Fig. 8. Schematic of possible therapeutic targets for AEOL 10150 in CEES-induced skin injury pathways identified in our studies.

Fig. 8

The catalytic antioxidant AEOL 10150 attenuates downstream processes associated with sulfur mustard analog (CEES) macromolecule alkylation resulting in diminished oxidative stress, DNA damage, inflammation, and skin injury.

Treatment with AEOL 10150 (5 mg/kg) 1 h after CEES exposure caused a significant reversal in CEES-induced lung injury [25]. In addition it's combined treatment (subcutaneous plus nasal delivery) 1 h after CEES exposure caused decreased olfactory epithelial injury rats [26]. With use based on these reports, pharmacokinetic study in SKH-1 mice skin showed higher of AEOL 10150 up to 2 h after its combined (subcutaneous, 5 mg/kg+topical) treatment as compared with only its subcutaneous treatment 1 h post-CEES exposure. Since AEOL 10150 levels in the skin following its combined treatment substantially decreased after 4 h of treatment, AEOL 10150 treatment 1 h after of CEES exposure was repeated every 4 h thereafter for 12 h total. Our earlier studies have shown that CEES-induced oxidative stress leading to oxidative DNA damage could play a key role in CEES-related inflammatory response and dermal injury in SKH-1 mice [17, 18]. Consistent with these reports, present studies show that treatment with the antioxidant AEOL 10150 caused a reversal in CEES-induced skin bi-fold thickness and MPO activity (indicating neutrophil infiltration and an inflammatory response) and oxidative DNA damage (Fig. 8).
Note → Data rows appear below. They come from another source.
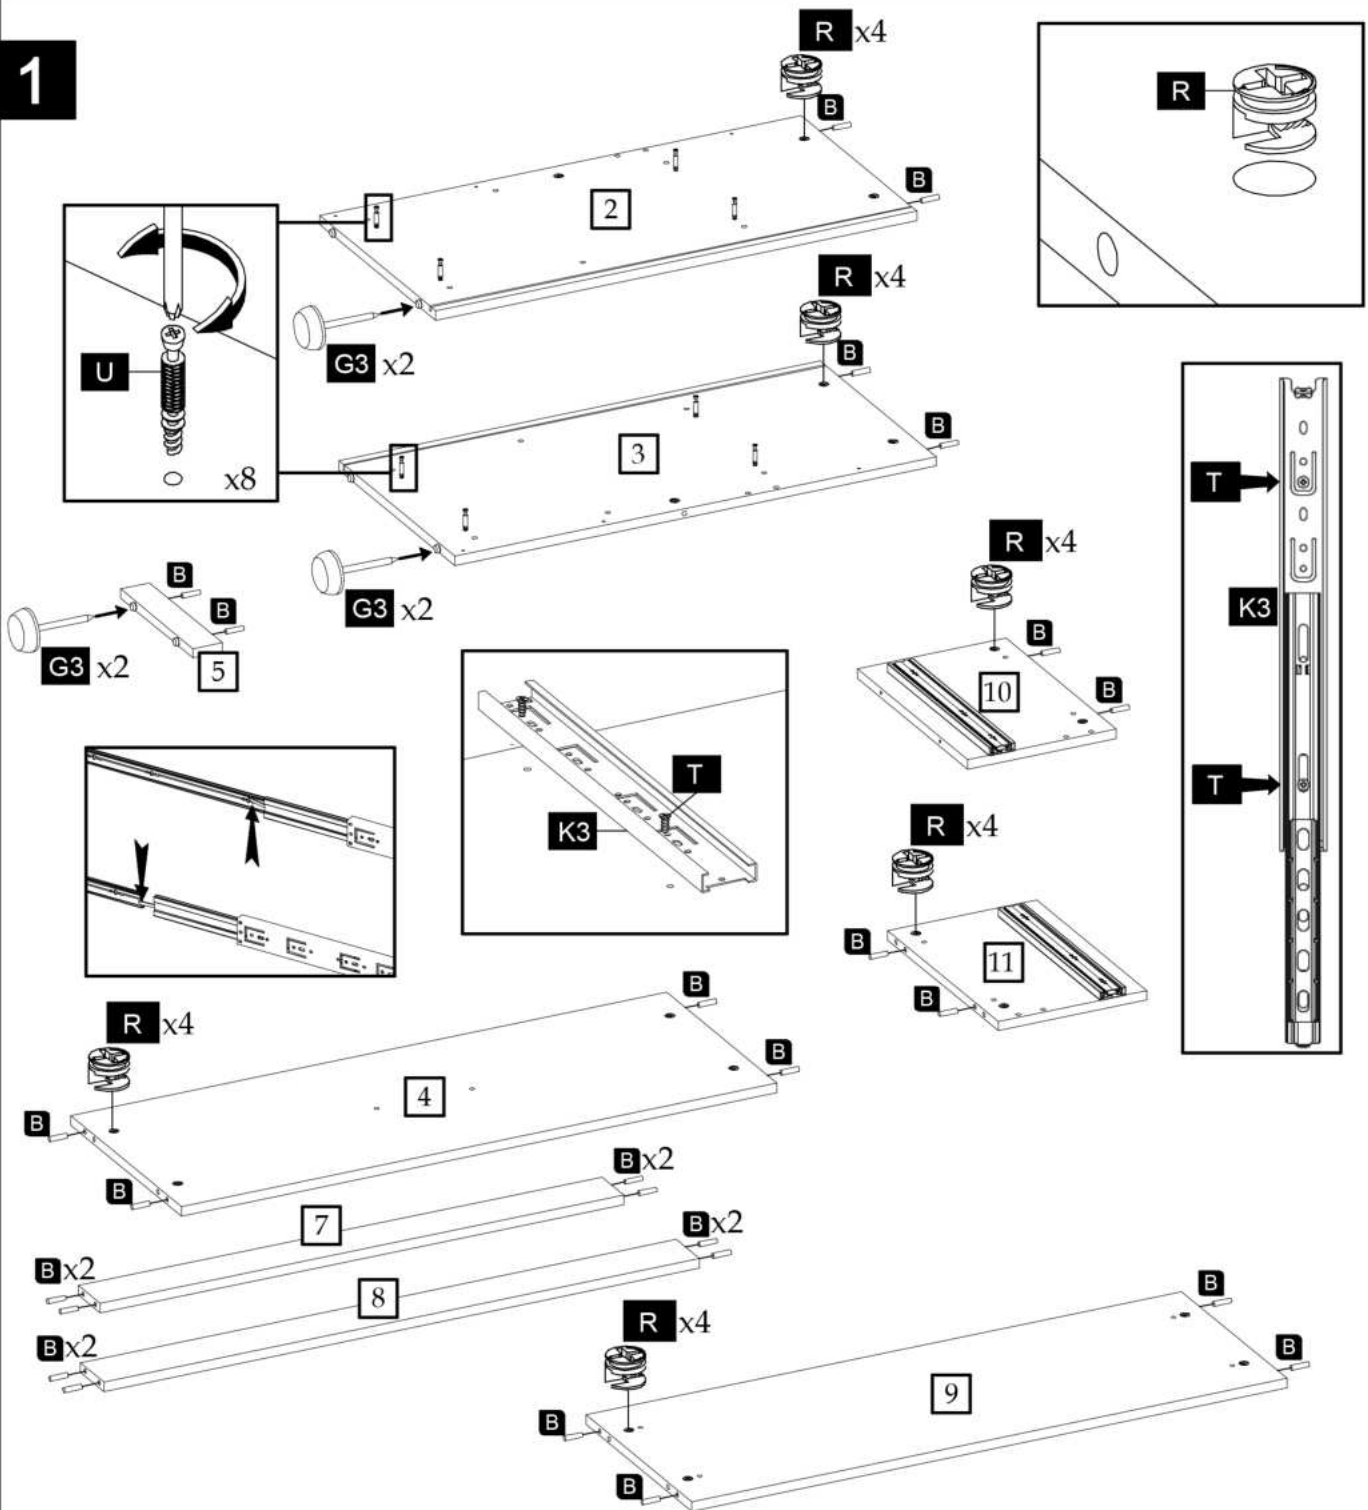

# LINDY 2D1S

	Dimensiune				Cod	Pachet
1	1060	399	16	1	1004	2/2
2	829	399	16	1	1002	1/2
3	829	399	16	1	1003	1/2
4	1026	379	16	1	1005	2/2
5	250	50	16	1	1007	2/2
6	1026	379	16	1	1008	2/2
7	898	75	16	1	1019	2/2
8	1026	80	16	1	1011	2/2
9	1026	362.5	16	1	1001	2/2
10	256	378.5	16	1	1012	1/2
11	256	378.5	16	1	1013	1/2
12	350	100	16	1	1015/2015	1/2
13	840.5	100	16	1	1016	2/2
14	350	100	16	1	1017/2017	1/2
15	872	355	3	1	N/A	2/2
16	784	519	3	1	1042_v	1/2
17	784	519	3	1	N/A	1/2
18	896	202	16	1	1010/3001	2/2
19	459	447	16	1	1011/3002	1/2
20	459	447	16	1	1011/3003	1/2
21	792	82	16	1	1008/3004	1/2
22	792	82	16	1	1008/3005	2/2
23	1062	56	19	1	1012/3006	2/2

1

2

3

4

5

6

7

Since the infiltration of neutrophils could cause a further increase in ROS generation in the tissue leading to increased oxidative stress and more damage including lipid peroxidation, AEOL 10150 effect on reversal of CEES-induced MPO activity may be driving some of the observed reduction in CEES-induced skin injury. Increase in the vesicant-induced ROS generation following increase in inflammatory cells could be triggered via host defense mechanisms including inflammatory cytokines and chemokines, which are reported to increase following vesicant exposure and could be a potential target for catalytic antioxidant therapy. Similar to this study, our earlier reported study where GSH was given 1 h before CEES exposure also protected mice against CEES-induced increase in skin bi-fold and epidermal thickness, apoptotic cell death, and MPO activity (12). This again suggests that AEOL 10150 treatment could also have caused a reversal in CEES-induced decrease in GSH levels in mouse skin. This study is in agreement with previous report where AEOL 10150 treatment reversed lung injury, inflammation and oxidative stress, indicating its effect in reversing skin and lung injuries with CEES [25].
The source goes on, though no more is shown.